To ensure that the FACE Registry maintains configuration control, a set of processes for verification will

be part of the FACE Registry CM Plan. These processes will ensure that FACE Registry access is

properly controlled so that all data in the FACE Registry remains accurate and up-to-date. Additionally,

these processes will address configuration control of all software used by the FACE Registry. The FACE

Registry CM Plan will also address the process for auditing the FACE Registry, allowing for scheduled

audits and other audits, as required. Details for the verification and audit processes will be in the FACE

Registry CM Plan.

5.2.2 FACE Product Repository Configuration Management

Each Software Supplier will be responsible for storing their FACE Certified Product in a product

repository that meets the requirements identified in the FACE Library Requirements, Version 2.0. This

section outlines the approval process and the minimum CM required for an approved FACE Product

Repository.


CM of product repositories will be the responsibility of the product repository developer and/or

maintainer. FACE Product Repository Configuration Management (CM) Plans will be reviewed by the

FACE Library Administrator to ensure they address basic repository CM to include planning,

configuration identification, configuration control, configuration account status, support audits, and

verification. If the FACE Product Repository CM Plan satisfactorily address these items, it will be

approved and become an official FACE Product Repository.

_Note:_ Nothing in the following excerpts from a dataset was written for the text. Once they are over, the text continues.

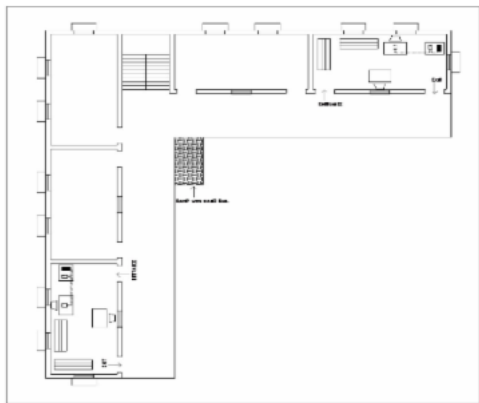

নির্বাচক নিবন্ধন আধিকারিকের স্বাক্ষর

Nazri Naksha

Google Map View

Polling Station Building Front View

Polling Station Front View

Cad View

Key MAP View

1 নাম : রওসানা বিবি স্বামীর নাম: সেক সইদুল ইসলাম বাড়ির নং : n0119 বয়স : 31 লিঙ্গ : মহিলা	UPM1615160 ফটো উপলব্ধ	2 নাম : সেক মতিবুল পিতার নাম: সেক আলফাজুদ্দিন বাড়ির নং : n0121 বয়স : 43 লিঙ্গ : পুরুষ	GQG2713717 ফটো উপলব্ধ	3 নাম : সেক মুস্তাকিন পিতার নাম: সেক আলফাজুদ্দিন বাড়ির নং : n0121 বয়স : 37 লিঙ্গ : পুরুষ	UPM1334051 ফটো উপলব্ধ
4 নাম : সেক আতাবুল রহমান পিতার নাম: সেক আলফা জুদ্দিন বাড়ির নং : n0121 বয়স : 46 লিঙ্গ : পুরুষ	UPM1205236 ফটো উপলব্ধ	5 নাম : মোমেনা বিবি স্বামীর নাম: সেক আতাবুল রহমান বাড়ির নং : n0121 বয়স : 36 লিঙ্গ : মহিলা	UPM1503531 ফটো উপলব্ধ	6 নাম : নুরজান বিবি স্বামীর নাম: নুরমহম্মদ বাড়ির নং : n0125 বয়স : 73 লিঙ্গ : মহিলা	WB/30/203/108154 ফটো উপলব্ধ
7 নাম : মর্জিনা বিবি স্বামীর নাম: সেক গোলামরসুল বাড়ির নং : n0125 বয়স : 48 লিঙ্গ : মহিলা	UPM1227768 ফটো উপলব্ধ	8 নাম : সেক কওসর আলী পিতার নাম: সেক ওহাদ আলী বাড়ির নং : n0127 বয়স : 41 লিঙ্গ : পুরুষ	GQG2713634 ফটো উপলব্ধ	9 নাম : তাসলিমা বিবি স্বামীর নাম: সেক কওসর আলি বাড়ির নং : n0127 বয়স : 37 লিঙ্গ : মহিলা	UPM1157940 ফটো উপলব্ধ
10 নাম : সেক সাহাদাত আলি পিতার নাম: সৈয়দ বাড়ির নং : n0128 বয়স : 71 লিঙ্গ : পুরুষ	WB/30/203/108106 ফটো উপলব্ধ	11 নাম : আবিরন বিবি স্বামীর নাম: সাহাদাত বাড়ির নং : n0128 বয়স : 63 লিঙ্গ : মহিলা	WB/30/203/108187 ফটো উপলব্ধ	12 নাম : সাহাজাদি বিবি স্বামীর নাম: মুজাফফর সেক বাড়ির নং : n0110 বয়স : 62 লিঙ্গ : মহিলা	UPM2616498 ফটো উপলব্ধ
13 নাম : সেক সাবির আলি পিতার নাম: সেক মজাফফর বাড়ির নং : n0110 বয়স : 32 লিঙ্গ : পুরুষ	UPM1503259 ফটো উপলব্ধ	14 নাম : ওশিলি বিবি স্বামীর নাম: সামসের বাড়ির নং : n0113 বয়স : 61 লিঙ্গ : মহিলা	WB/30/203/108171 ফটো উপলব্ধ	15 নাম : সেক ওয়াকিল আলাম পিতার নাম: সেক সামসের আলি বাড়ির নং : n0113 বয়স : 44 লিঙ্গ : পুরুষ	GQG2713824 ফটো উপলব্ধ
16 নাম : সেক খুরসেদ আলি পিতার নাম: সেক সামসের আলি বাড়ির নং : n0113 বয়স : 39 লিঙ্গ : পুরুষ	GQG2713832 ফটো উপলব্ধ	17 নাম : সাবিনা বিবি স্বামীর নাম: সেক খুরসেদ আলি বাড়ির নং : n0113 বয়স : 36 লিঙ্গ : মহিলা	UPM1158005 ফটো উপলব্ধ	18 নাম : সেক সাহাজান ইসলাম পিতার নাম: আহমাদ বাড়ির নং : n0066 বয়স : 59 লিঙ্গ : পুরুষ	WB/30/203/108217 ফটো উপলব্ধ
19 নাম : সেক মারুপ আলি পিতার নাম: সেক মফিজুল ইসলাম বাড়ির নং : n0068 বয়স : 33 লিঙ্গ : পুরুষ	UPM1228071 ফটো উপলব্ধ	20 নাম : সেক মাসুম আলি পিতার নাম: সেক নুরুল ইসলাম বাড়ির নং : n0069 বয়স : 38 লিঙ্গ : পুরুষ	UPM1228113 ফটো উপলব্ধ	21 নাম : সেক আবদুল রসিদ পিতার নাম: সেক ইউসুফ বাড়ির নং : n0071 বয়স : 71 লিঙ্গ : পুরুষ	WB/30/203/108175 ফটো উপলব্ধ
22 নাম : মোঃ জামিলা বিবি স্বামীর নাম: সেক আনসার আলি বাড়ির নং : n0071 বয়স : 37 লিঙ্গ : মহিলা	UPM1157924 ফটো উপলব্ধ	23 নাম : অনোয়ারা বিবি স্বামীর নাম: আব্দুল রসিদ বাড়ির নং : n0071 বয়স : 64 লিঙ্গ : মহিলা	WB/30/203/108240 ফটো উপলব্ধ	24 নাম : সেক আনার আলি পিতার নাম: আব্দুল রসিদ বাড়ির নং : n0071 বয়স : 48 লিঙ্গ : পুরুষ	GQG1652072 ফটো উপলব্ধ
25 নাম : সেক আসফাক আলি পিতার নাম: সেক আব্দুল রসিদ বাড়ির নং : n0071 বয়স : 43 লিঙ্গ : পুরুষ	GQG2713626 ফটো উপলব্ধ	26 নাম : সেক এনামুল হক পিতার নাম: সেক আব্দুল রসিদ বাড়ির নং : n0071 বয়স : 36 লিঙ্গ : পুরুষ	UPM1157916 ফটো উপলব্ধ	27 নাম : সেক আসগর আলি পিতার নাম: সেক আব্দুল রসিদ বাড়ির নং : n0071 বয়স : 34 লিঙ্গ : পুরুষ	UPM1407907 ফটো উপলব্ধ
28 নাম : মোঃ সহিদা বিবি স্বামীর নাম: সেক আনার আলি বাড়ির নং : n0071 বয়স : 40 লিঙ্গ : মহিলা	UPM1157932 ফটো উপলব্ধ	29 নাম : সেক সেরাজুদ্দিন পিতার নাম: কাশিম বাড়ির নং : n0118 বয়স : 78 লিঙ্গ : পুরুষ	WB/30/203/108249 ফটো উপলব্ধ	30 নাম : সেক মহিবুর পিতার নাম: সেক সেরাজুদ্দিন বাড়ির নং : n0118 বয়স : 38 লিঙ্গ : পুরুষ	GQG2713782 ফটো উপলব্ধ

5.2.3 FACE Reference Repository Configuration Management

A FACE Reference Repository Configuration Management (CM) Plan will be developed to address the

repository entries, the reference repository itself, and any associated reference repository software. The

FACE Reference Repository CM Plan should address planning, configuration identification,

configuration control, configuration account status, support audits, and verification. Development and

implementation of the FACE Reference Repository CM Plan is the responsibility of the reference

repository developer and/or maintainer.

5.2.4 FACE Verification Retention Repository Configuration Management

Each FACE Verification Authority will be responsible for developing and maintaining a FACE

Verification Retention Repository. As part of that development, each FACE Verification Authority will

develop and implement a FACE Verification Retention Repository Configuration Management (CM)

Plan. These plans will address the basic tenants of CM planning, configuration identification,

configuration control, configuration account status, support of audit, and verification.

5.2.5 FACE Certification Retention Repository Configuration Management

The FACE Certification Authority is responsible for developing and maintaining the Certification

Retention Repository. As part of these responsibilities, the FACE Certification Authority will develop and

implement a FACE Certification Repository Configuration Management (CM) Plan. This plan should

address the basic tenets of CM planning, configuration identification, configuration control, configuration

account status, support of audits, and verification.